* _WHAT IS REQUIRED_: Should pictures appear among the records, leave them out, and copy exactly only the lines from the first through the one with "Аккумулятор гарантирован от", inclusive.
[DATA TO USE]
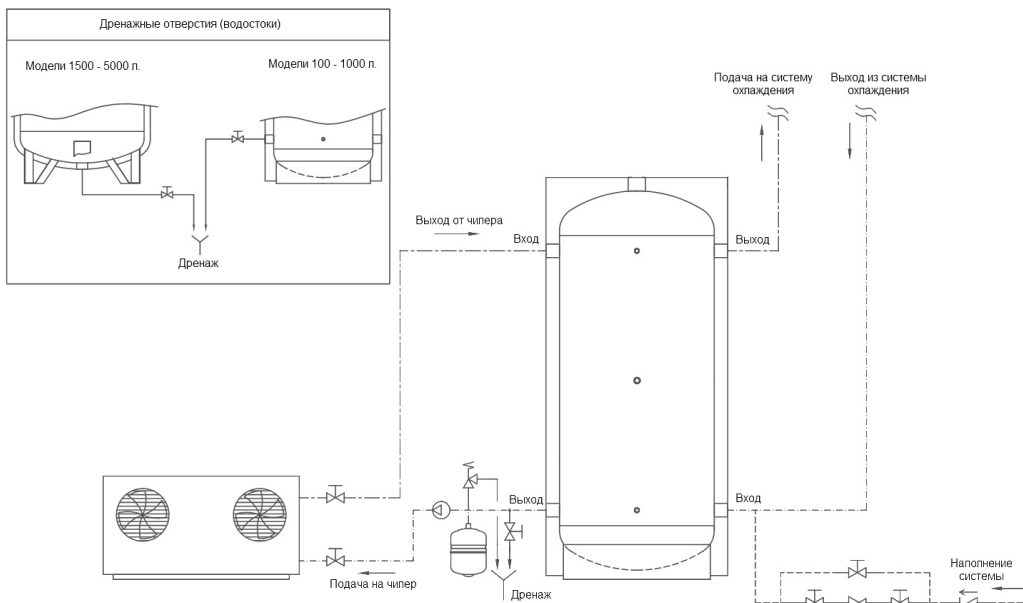

СХЕМА ПОДКЛЮЧЕНИЯ

ГАРАНТИЯ

Аккумулятор гарантирован от любого дефекта изготовления в течении 12 месяцев с даты покупки. Наша гарантия предусматривает замену и ремонт аккумулятора или дефектных деталей на нашем предприятии, а также в специальных центрах сервисного обслуживания, имеющих наше разрешение.

Гарантия не предусматривает возмещения материального ущерба или травм, связанных с эксплуатацией аккумулятора. Гарантийному ремонту не подлежат поломки, возникшие по причине неправильного подключения, отсутствия надлежащей защиты, дефектного монтажа, неправильно выполненной регулировки.

ОСОБЕННОСТИ: гарантия не действительна, если аккумулятор был разобран, отремонтирован или испорчен покупателем.

Доставка к месту гарантийного ремонта осуществляется за счет покупателя.

МОДЕЛЬ АККУМУЛЯТОРА _____

ДАТА ПОКУПКИ " ____ " _____ 201__ г.
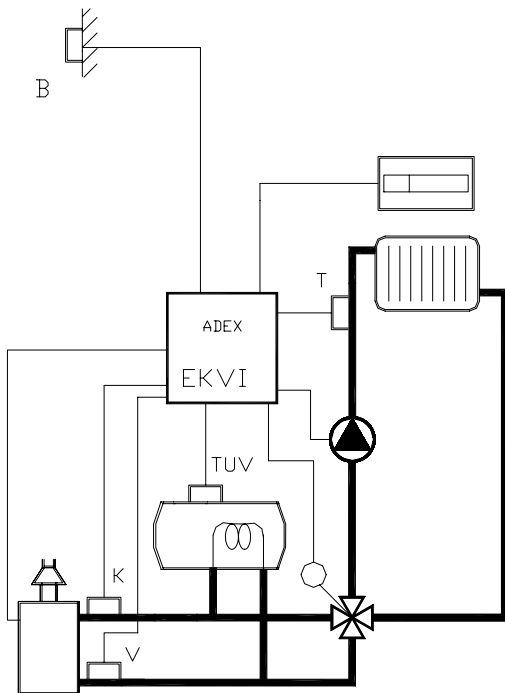

# ADEX EKVI 4.1

EKVITERMNÍ REGULÁTOR

Provedení: na stěnu

tel. 572 633 985

Regulátor ADEX EKVI 4.1 je určen pro regulaci dodávky tepla směřováním. Využívá principu změn teploty topné vody podle změn venkovní teploty. Používá se v objektech, kde je s ohledem na způsob užívání nemožné vybrat referenční místnost - například vícebytové domy, objekty s více nezávislými uživateli, ...

(Teplotní čidla TK a TV nejsou součástí základní dodávky)
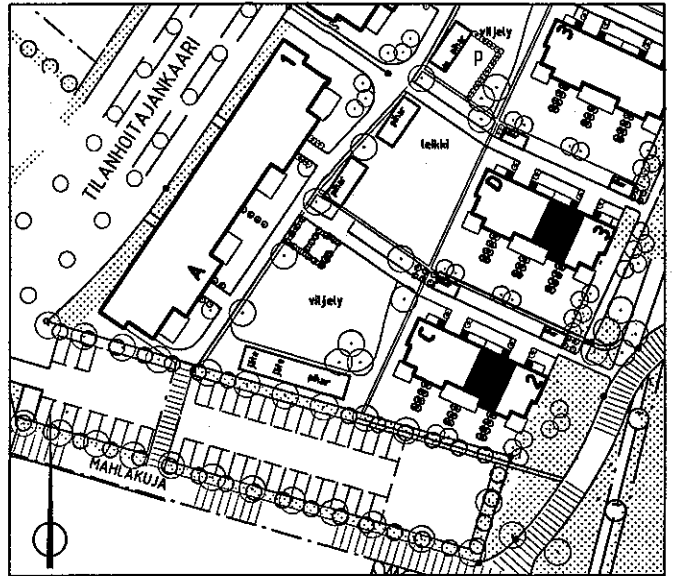

C33,D37
5H+K+S
114.0m²

1.krs
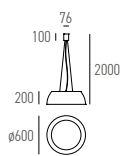

BLAIR-1

Pendelleuchte für den Innenbereich, bestückt mit SMD-LED. Gehäuse aus Aluminium und Metall, Aussen in Weiss matt oder Schwarz matt, Innen Gold matt. Diffusor aus opalweissem Acryl.

TECHNISCHE DATEN

IP-Schutz:	IP20	Farbe:	Weiss , Schwarz (innen Gold)
CRI:	80	Konverter:	Ein/Aus
Montageart:	Gependelt	Farbtemperatur:	3000K
Lichtaustritt:	Direkt nach unten strahlend	Garantie:	5 Jahre
Material:	Aluminium	Prüfzeichen:	CE, ISO 9001

Produkte aus der Familie BLAIR

Deckenanbau

LICHTVERTEILUNGSKURVE

58.1002.01

BLAIR-1

IP20 CE

Art.-Nr.	Masse (ØxH)	Farbtemperatur	CRI	Lichtstrom LED	Lichtstrom effektiv	Leistung	Spannung		Preis exkl. MwSt.
58.1002.01 X	Ø600x2000mm	3000K	80	5050 lm	3740 lm	55 W	230V	180°	630.85 A
└ Farbe: 01 / 04
[/DATA TO USE]
* _RESULT_:
СХЕМА ПОДКЛЮЧЕНИЯ

ГАРАНТИЯ

Аккумулятор гарантирован от любого дефекта изготовления в течении 12 месяцев с даты покупки. Наша гарантия предусматривает замену и ремонт аккумулятора или дефектных деталей на нашем предприятии, а также в специальных центрах сервисного обслуживания, имеющих наше разрешение.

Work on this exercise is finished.